Гелина опять повела бровями.

Она знала родословную своей семьи. Да и сам Гонат говорил, но не чувствовал в своих словах уверенности. Так как подобные адюльтеры совершались повсеместно. В их роду таких случаев накопилось немало.

Связь между людьми разного уровня происхождения и, следовательно, нэма, особенно по женской линии, на словах не поощрялась, но все знали о значении свежей крови, вливаемой в жилы дряхлеющих многоимённых. Прабабка самого Гоната – выходец их шмыгов. Благодаря ей, квёлый, едва пропущенный Кругом Человечности прадед, стал отцом здоровых детей.

Да что там говорить?!

Но канила самого Правителя бандеки!..

И Гонат безнадёжно увещевал, приводил аргументы, стращал…

Но что он мог? Гелина была его единственным дитём, оставшимся жить, и наследницей хабулина.

Она же спокойно слушала его путаную речь, поскольку всё уже для себя решила. К тому же она ждала ребёнка от Харана. Вот почему она сейчас так много времени проводила за столом перед отражателем образа, хотя нужды в том не было – случилось это только после встречи с любимым в руинах, да и то не сразу, так что времени с того момента прошло всего ничего.


Глава 4


Над Примето гремела гроза.

Вспышки искусственных молний на мгновение окрашивали город в мертвенно-прозрачные цвета, резко выделяя свет и тени. Накрапывал дождь. От большого дождя, после обсуждения в кугуруме, отказались по случаю мощного наводнения. Всё и все и так чувствовали избыток влаги. На пустырях появились не просыхаемые лужи, в них заводилась ненужная живность, способная повлиять на здоровье обитателей города.

Общественные закалочные едва справлялись с потоком пожелавших обезопасить себя от неприятностей. Круг Человечности браковал пятерых из шести новорожденных и не продлевал существование, оставленных первоначально жить, двух из троих.

Поздняя весна…

Что бы там когда-то не делали древние, чтобы оградить и защитить человека от нежелательных природных воздействий, а она, природа, брала своё, и людей тянуло под солнце, показать себя и посмотреть на других, ощутить запах просыпающейся к лету жизни.
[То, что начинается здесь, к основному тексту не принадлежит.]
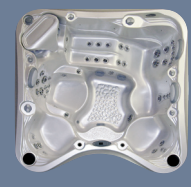

Marquis. the ultimate hot tub experience!

MARQUIS SIGNATURE COLLECTION FEATURES

control system	7-button control system
jet pumps	one HP120 (dual-speed), 120 GPM
SmartClean™	single vortex filter
ConstantClean™	in-line sanitation system
ozonator	solid-state, corona discharge
jet trim accents	stainless steel jet trim
spa interior	all available DuraShell® colors
exterior	DuraWood
DuraBase	solid sheet, ABS plastic
DuraCover™	2 lb. density foam
waterfall	two waterfall features
cushioned headrests	three
MoodMaker™ lights	LED accent lights
Aqua Ambiance™	LED light

MARQUIS SIGNATURE COLLECTION OPTIONS

Adagio™ audio	stereo system, 4 surface mount speakers, sub woofer, remote control
Constellation™	LED interior/exterior color light system
cedar exterior	Western Red Cedar
pump upgrade	MP160, 240V, 160 GPM

MARQUIS ULTIMATE UPGRADE OPTION

Adagio™ audio	stereo system, 4 surface mount speakers, sub woofer, remote control
Constellation™	LED interior/exterior color light system
Environments™	DuraWood Step I, 34" storage bench 36" towel bar
cover lift	Cover Companion
towels	two plush towels

the spirit

entry step/cool-down seat with back jet

H.O.T. Zone pillar whirlpool therapy

ConstantClean™ inline sanitation system with ozonator

reflexology footwell

deep therapy seat with upper-, mid-, and lower-back, plus neck jets

cushioned headrests

soothing waterfalls

Adagio™ audio system speakers

The unique design and shape of the Spirit makes a bold statement on your deck or patio.

bather's control panel faces inward

full lounge with all-back, leg and feet jets

H.O.T. Zone pillar whirlpool therapy

Tri-Zone control

therapy seat with all back jets

SmartClean™ filtration with auto clean up and single vortex skimmer

Оттого-то обязательные весенние грозы для очищения атмосферного купола над городом и в силу традиций, истоки которых уводили в невероятную древность, назначались на ночное время. Любители могли пройтись по мокрым улицам, полюбоваться на разряды, вспарывающие небо прямо над головой и услышать глухое ворчание грома.

Жуперр поглядывал на вспыхивающее окно, хмурил брови и вновь возвращался к листку с коротким списком, всего в полтора десятка нэмов, людей, по донесениям его служб, появившихся в Примето за последние десять дней. Большинство нэмов ему были давно известны, а с некоторыми их носителями он даже неоднократно встречался.

Ни Свим, ни, тем более, Камрат в списке не значились.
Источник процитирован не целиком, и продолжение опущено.